GOAL OF THE EXERCISE » Apart from the pictures, every entry below must be given again exactly.

RECORDS SUPPLIED »
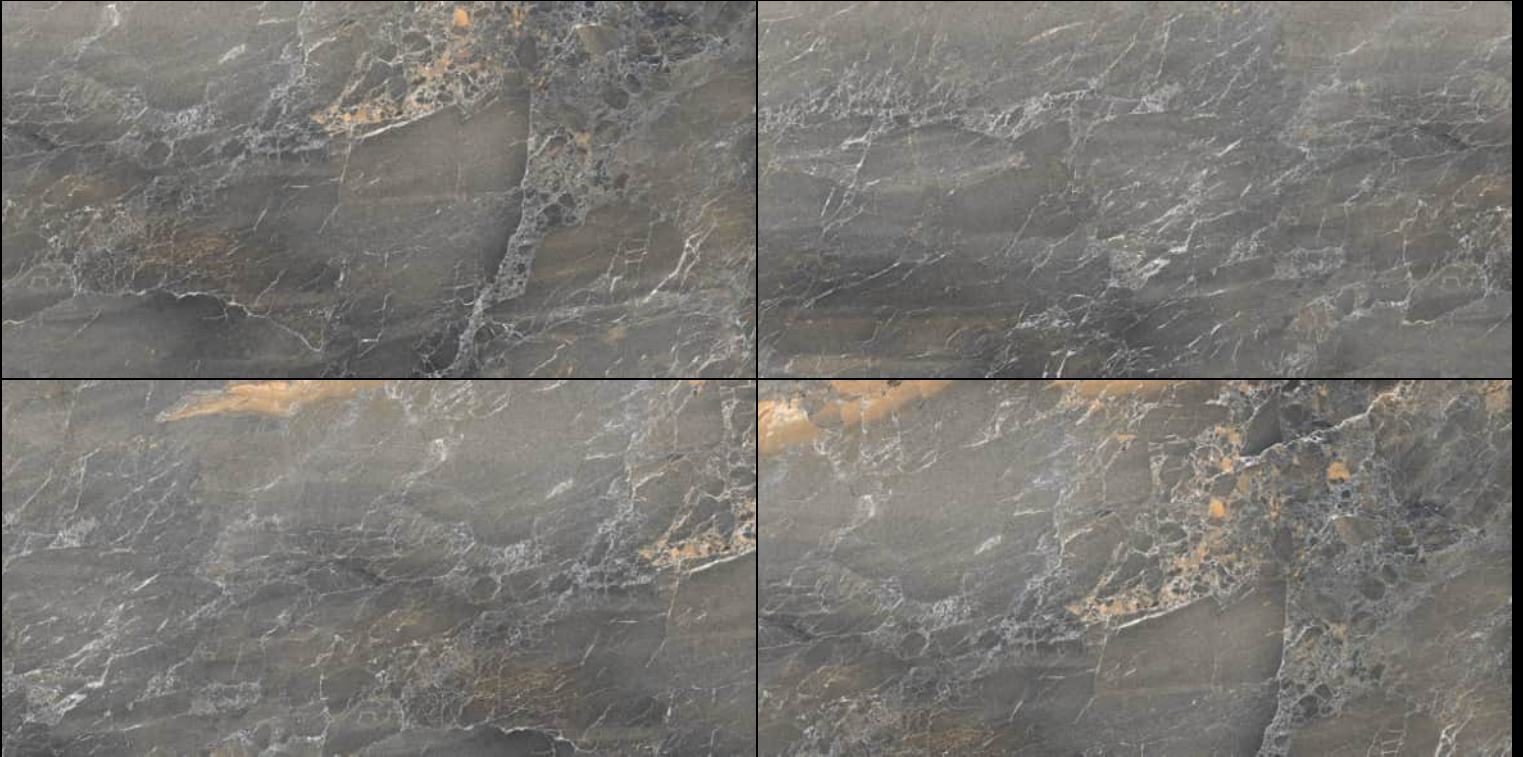

RANDOM :
4

SPIDER BROWN

TiendaStudio

SIZE :
600 X 1200 MM

SURFACE :
GLOSSY

RANDOM :
5

SPIDER NERO

Tienda**Studio**

RESPONSE FOR THIS EXERCISE »
RANDOM :
4

SPIDER BROWN

TiendaStudio

SIZE :
600 X 1200 MM

SURFACE :
GLOSSY

RANDOM :
5

SPIDER NERO

Tienda**Studio**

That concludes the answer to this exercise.